◆ DIRECTIONS
Below are some entries. Copy each line that holds the string "Haltestelle".

◆ Dataset entries
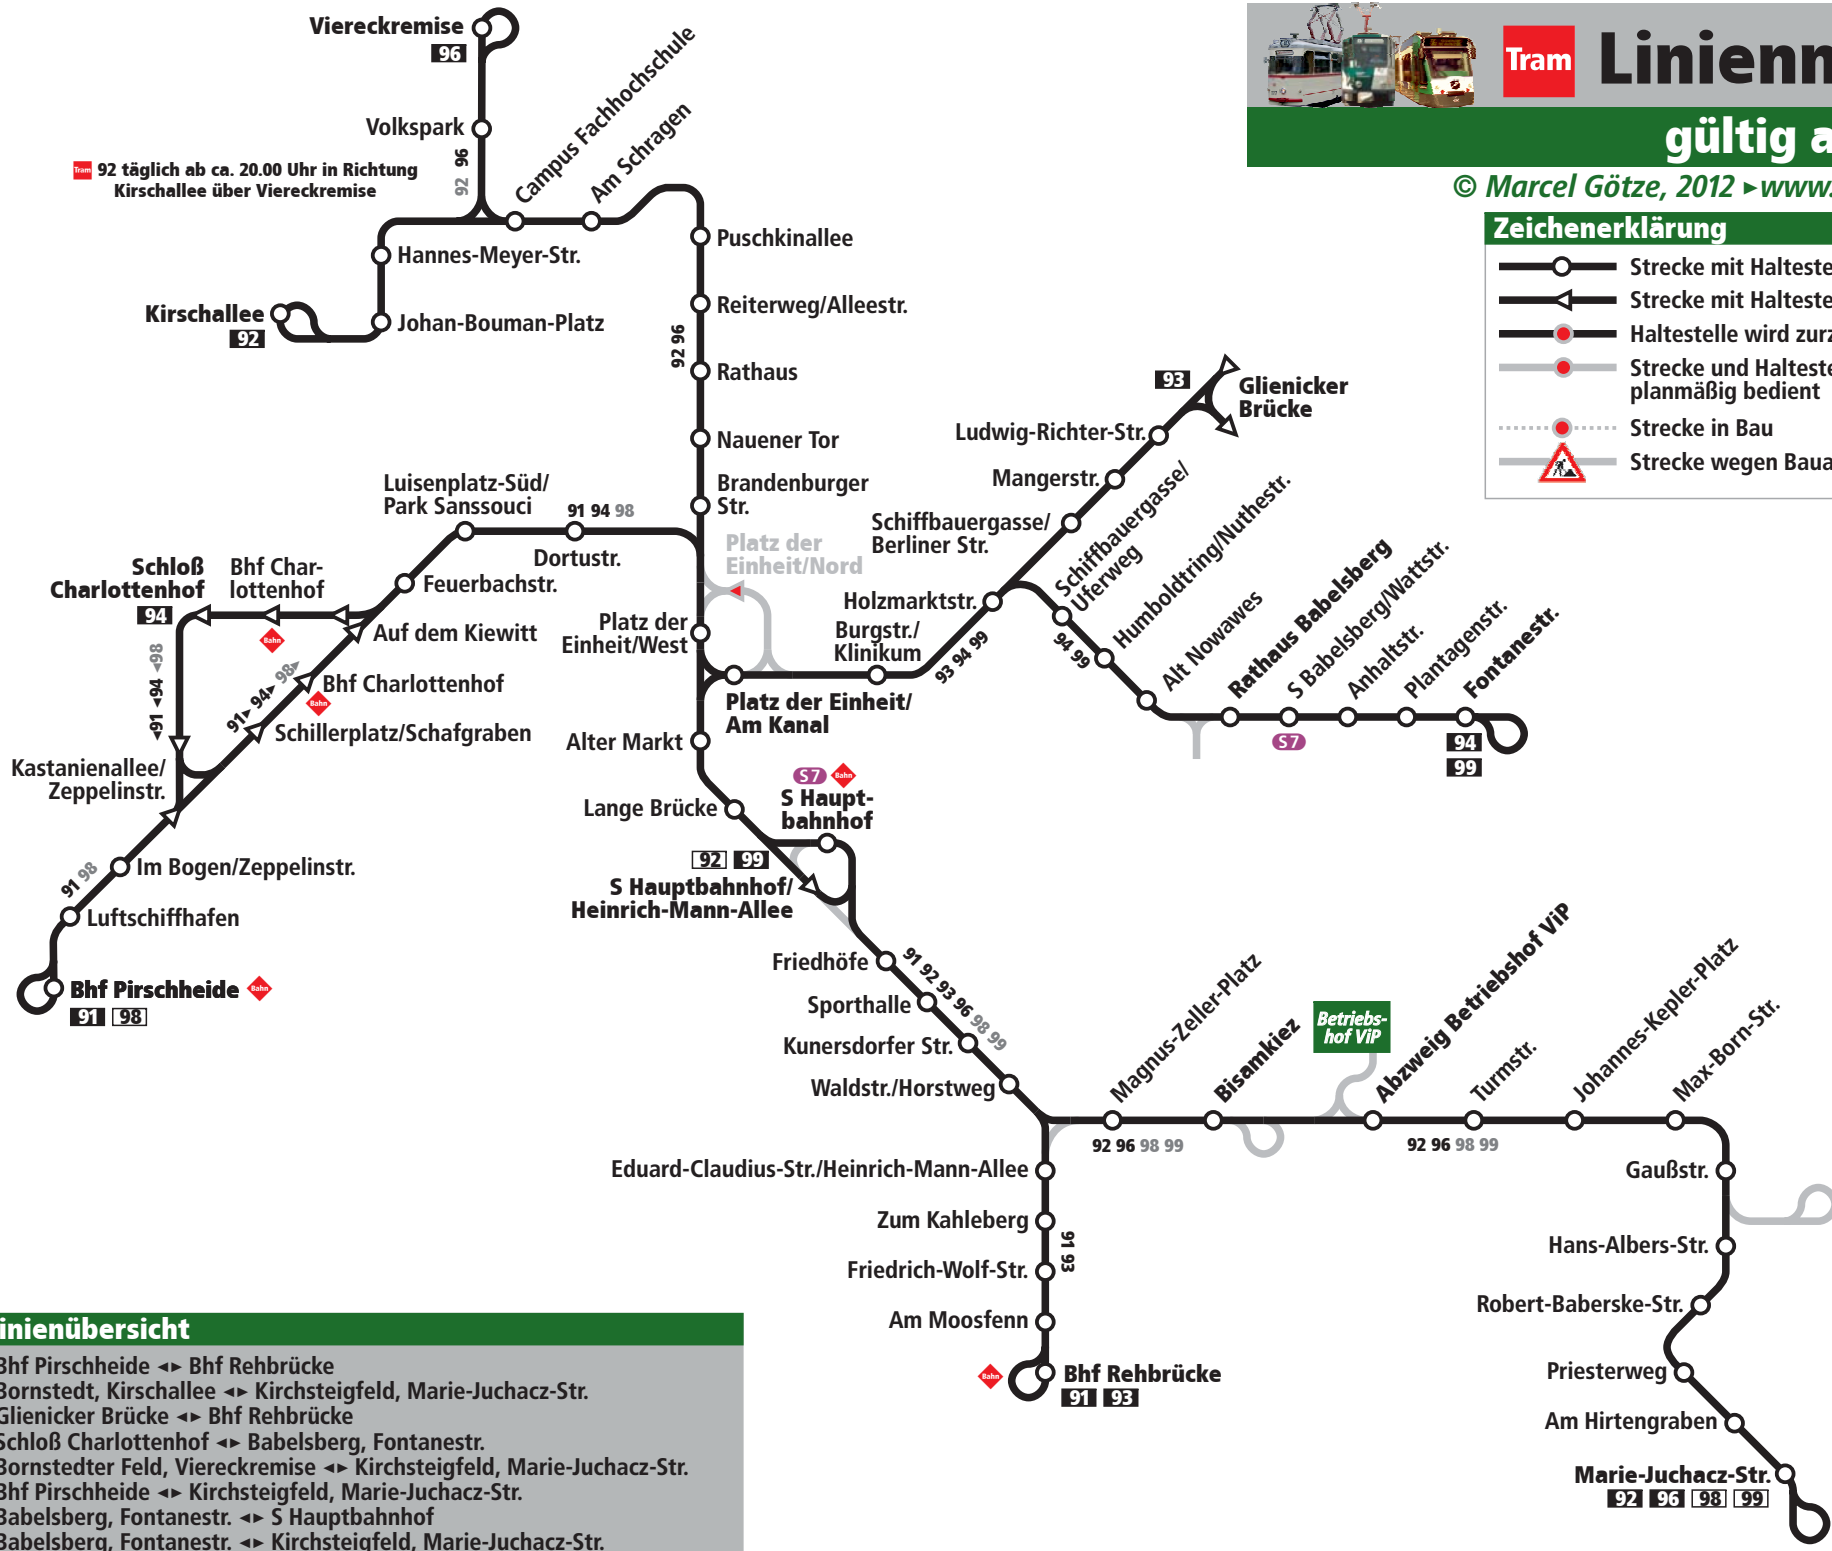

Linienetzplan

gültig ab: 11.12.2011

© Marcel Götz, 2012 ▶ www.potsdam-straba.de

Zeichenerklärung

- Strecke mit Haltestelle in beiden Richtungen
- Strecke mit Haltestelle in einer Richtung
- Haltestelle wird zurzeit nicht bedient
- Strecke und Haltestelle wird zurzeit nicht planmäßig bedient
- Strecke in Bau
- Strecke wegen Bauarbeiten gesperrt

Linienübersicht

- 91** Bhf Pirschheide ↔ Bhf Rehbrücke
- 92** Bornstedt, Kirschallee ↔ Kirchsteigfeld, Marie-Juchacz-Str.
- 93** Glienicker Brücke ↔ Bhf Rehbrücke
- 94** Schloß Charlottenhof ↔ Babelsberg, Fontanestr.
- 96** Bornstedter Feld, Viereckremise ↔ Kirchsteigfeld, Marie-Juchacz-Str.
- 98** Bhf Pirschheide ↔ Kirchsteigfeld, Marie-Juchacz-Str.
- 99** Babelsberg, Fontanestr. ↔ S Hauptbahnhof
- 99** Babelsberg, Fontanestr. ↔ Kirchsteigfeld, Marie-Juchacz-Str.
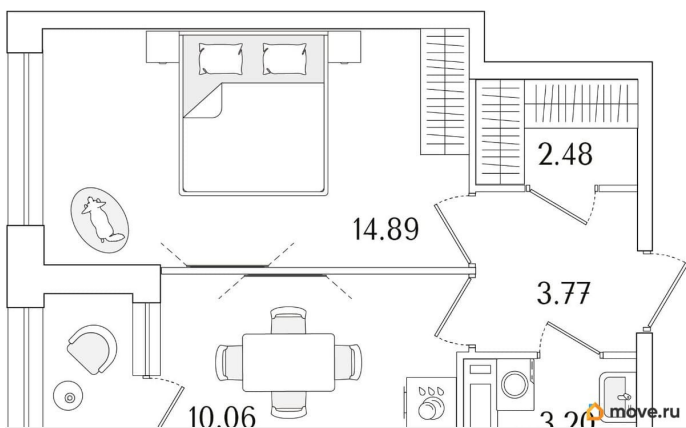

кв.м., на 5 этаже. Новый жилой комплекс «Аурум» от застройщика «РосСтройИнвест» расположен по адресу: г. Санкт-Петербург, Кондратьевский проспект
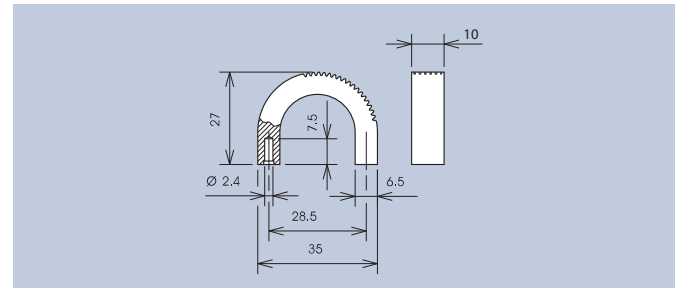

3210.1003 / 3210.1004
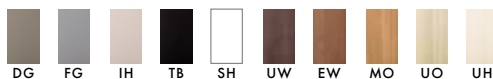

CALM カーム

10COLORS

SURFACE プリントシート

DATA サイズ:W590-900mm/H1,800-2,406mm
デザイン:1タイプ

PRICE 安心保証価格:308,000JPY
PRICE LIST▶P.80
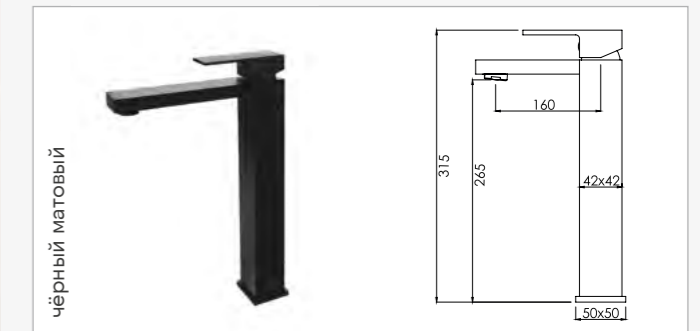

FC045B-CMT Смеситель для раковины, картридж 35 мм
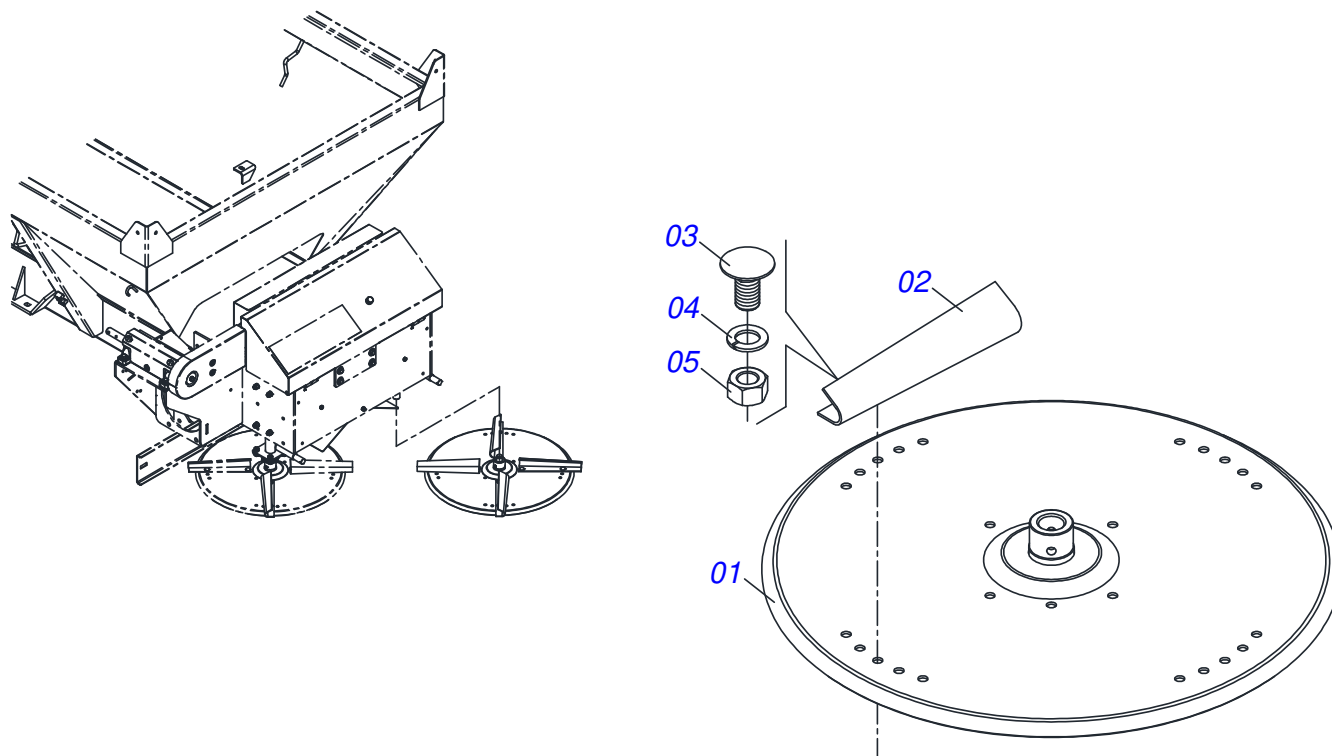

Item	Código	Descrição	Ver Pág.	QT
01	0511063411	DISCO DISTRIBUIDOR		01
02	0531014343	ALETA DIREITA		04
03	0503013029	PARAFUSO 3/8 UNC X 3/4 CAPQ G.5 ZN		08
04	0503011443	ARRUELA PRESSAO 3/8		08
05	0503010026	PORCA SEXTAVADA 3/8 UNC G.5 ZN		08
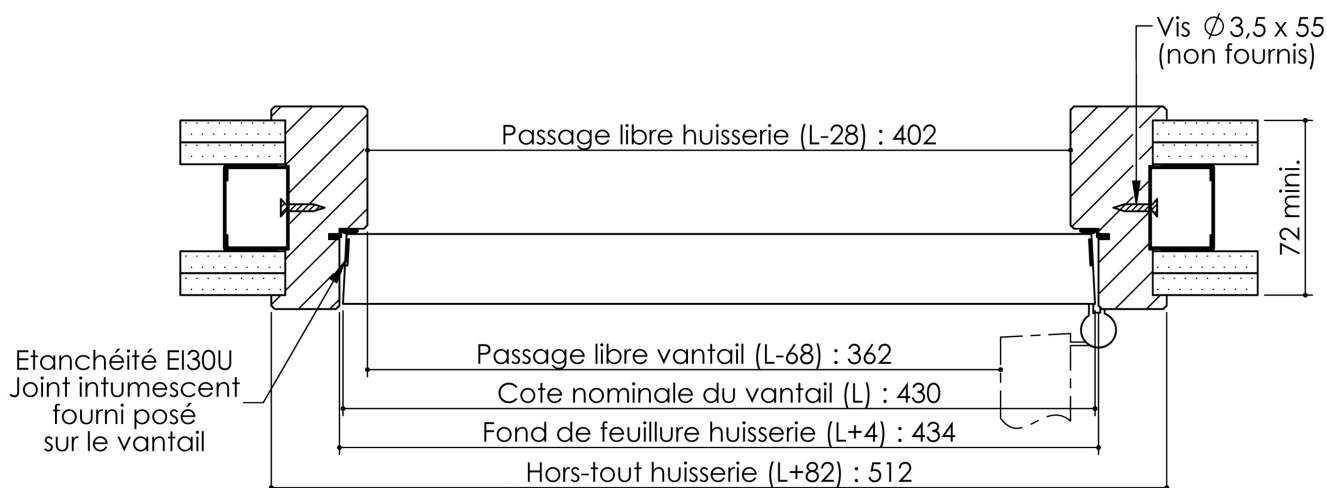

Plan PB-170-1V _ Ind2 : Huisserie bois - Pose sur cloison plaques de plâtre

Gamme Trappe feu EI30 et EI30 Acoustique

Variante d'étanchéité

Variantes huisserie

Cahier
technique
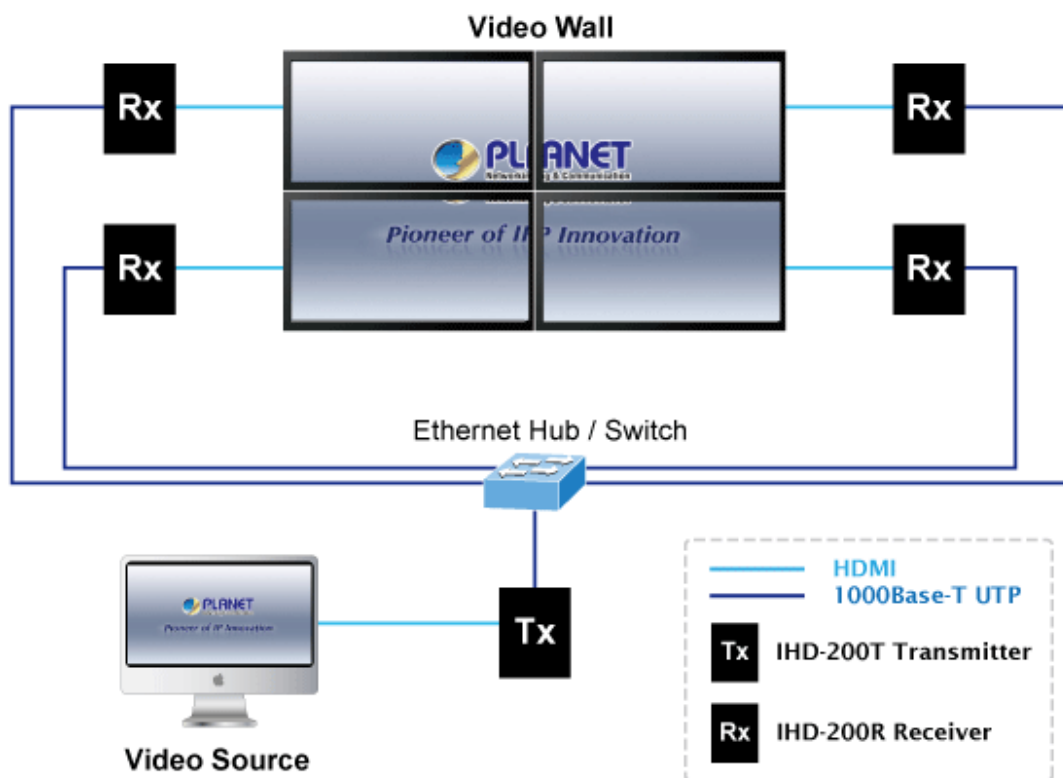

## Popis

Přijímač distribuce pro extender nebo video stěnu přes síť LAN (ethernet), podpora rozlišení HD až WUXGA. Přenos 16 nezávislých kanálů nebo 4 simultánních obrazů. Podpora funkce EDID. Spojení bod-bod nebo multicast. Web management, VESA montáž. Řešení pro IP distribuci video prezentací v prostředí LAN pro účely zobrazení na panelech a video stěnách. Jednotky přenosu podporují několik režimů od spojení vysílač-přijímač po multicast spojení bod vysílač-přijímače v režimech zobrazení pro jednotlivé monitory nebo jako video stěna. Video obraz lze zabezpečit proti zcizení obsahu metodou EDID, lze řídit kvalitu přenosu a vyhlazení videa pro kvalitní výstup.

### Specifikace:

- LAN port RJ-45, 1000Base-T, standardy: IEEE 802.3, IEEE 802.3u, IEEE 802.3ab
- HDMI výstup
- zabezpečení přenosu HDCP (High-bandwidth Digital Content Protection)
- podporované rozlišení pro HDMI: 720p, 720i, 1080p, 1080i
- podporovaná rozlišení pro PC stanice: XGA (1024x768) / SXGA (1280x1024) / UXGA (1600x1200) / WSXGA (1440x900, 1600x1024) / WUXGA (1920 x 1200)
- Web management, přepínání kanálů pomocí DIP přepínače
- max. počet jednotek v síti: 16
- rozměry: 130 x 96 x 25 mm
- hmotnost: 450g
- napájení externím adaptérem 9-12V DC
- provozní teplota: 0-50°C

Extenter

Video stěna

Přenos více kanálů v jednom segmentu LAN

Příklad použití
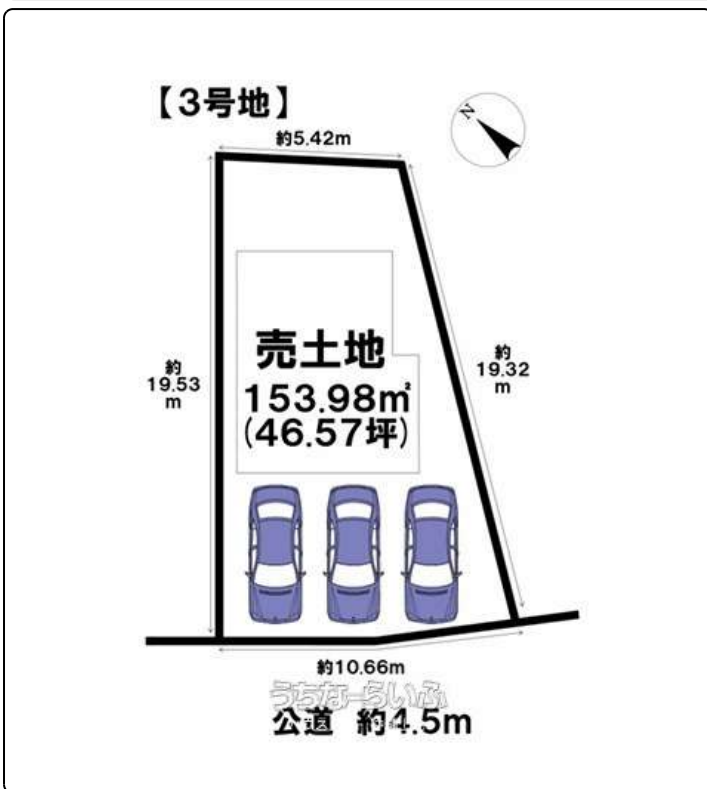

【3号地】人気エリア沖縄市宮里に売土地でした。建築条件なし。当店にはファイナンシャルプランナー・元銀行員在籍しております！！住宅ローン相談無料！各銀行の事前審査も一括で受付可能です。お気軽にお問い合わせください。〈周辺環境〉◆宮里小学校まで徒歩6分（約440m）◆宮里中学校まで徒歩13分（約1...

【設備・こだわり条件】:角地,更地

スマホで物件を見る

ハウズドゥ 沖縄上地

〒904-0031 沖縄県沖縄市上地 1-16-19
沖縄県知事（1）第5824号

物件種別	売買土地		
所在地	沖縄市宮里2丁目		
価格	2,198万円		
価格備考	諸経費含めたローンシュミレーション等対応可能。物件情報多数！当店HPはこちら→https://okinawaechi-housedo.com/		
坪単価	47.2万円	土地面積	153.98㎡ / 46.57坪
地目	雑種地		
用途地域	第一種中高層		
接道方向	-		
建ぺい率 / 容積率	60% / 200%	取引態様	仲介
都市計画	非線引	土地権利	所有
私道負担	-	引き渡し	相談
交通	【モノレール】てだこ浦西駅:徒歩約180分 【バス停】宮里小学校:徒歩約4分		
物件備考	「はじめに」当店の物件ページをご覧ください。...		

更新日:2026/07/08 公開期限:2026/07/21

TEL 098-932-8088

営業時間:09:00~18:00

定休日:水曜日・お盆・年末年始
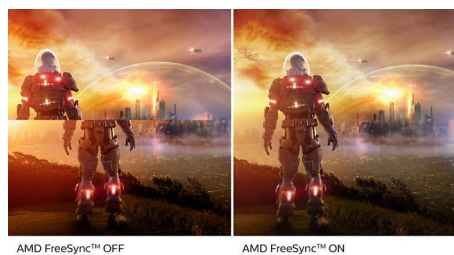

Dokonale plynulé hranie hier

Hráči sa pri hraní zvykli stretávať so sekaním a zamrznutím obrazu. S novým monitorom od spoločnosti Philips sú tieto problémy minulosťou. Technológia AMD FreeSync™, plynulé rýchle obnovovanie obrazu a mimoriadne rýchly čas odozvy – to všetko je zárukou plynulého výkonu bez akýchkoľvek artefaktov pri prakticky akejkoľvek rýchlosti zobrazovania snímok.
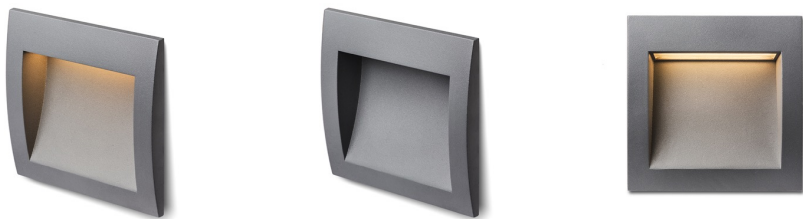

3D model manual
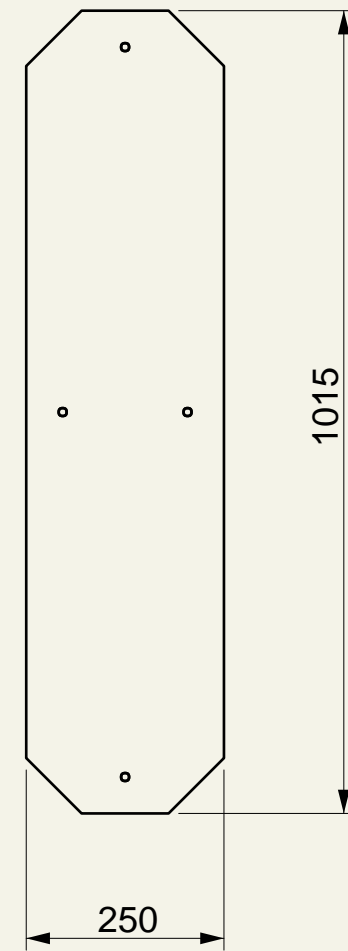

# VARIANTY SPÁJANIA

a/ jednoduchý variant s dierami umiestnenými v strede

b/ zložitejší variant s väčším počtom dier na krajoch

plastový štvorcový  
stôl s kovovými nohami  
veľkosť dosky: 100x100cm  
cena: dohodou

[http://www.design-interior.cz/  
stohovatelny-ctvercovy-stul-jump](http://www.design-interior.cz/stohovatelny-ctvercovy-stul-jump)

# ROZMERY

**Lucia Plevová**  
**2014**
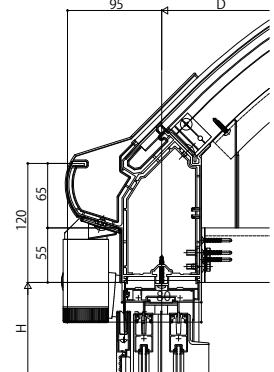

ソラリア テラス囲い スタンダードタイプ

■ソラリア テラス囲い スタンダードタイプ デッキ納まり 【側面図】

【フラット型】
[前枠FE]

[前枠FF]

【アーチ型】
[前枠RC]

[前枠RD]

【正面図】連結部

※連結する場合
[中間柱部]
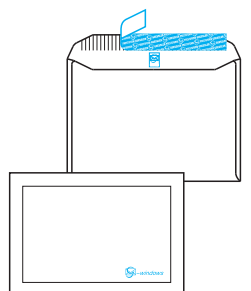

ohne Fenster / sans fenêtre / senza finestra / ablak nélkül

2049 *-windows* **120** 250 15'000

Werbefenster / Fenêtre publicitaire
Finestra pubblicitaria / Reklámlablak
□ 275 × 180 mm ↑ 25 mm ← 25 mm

◆ OUTPUT OF THE EXERCISE
- Strecke mit Haltestelle in beiden Richtungen
- Strecke mit Haltestelle in einer Richtung
- Haltestelle wird zurzeit nicht bedient
- Strecke und Haltestelle wird zurzeit nicht planmäßig bedient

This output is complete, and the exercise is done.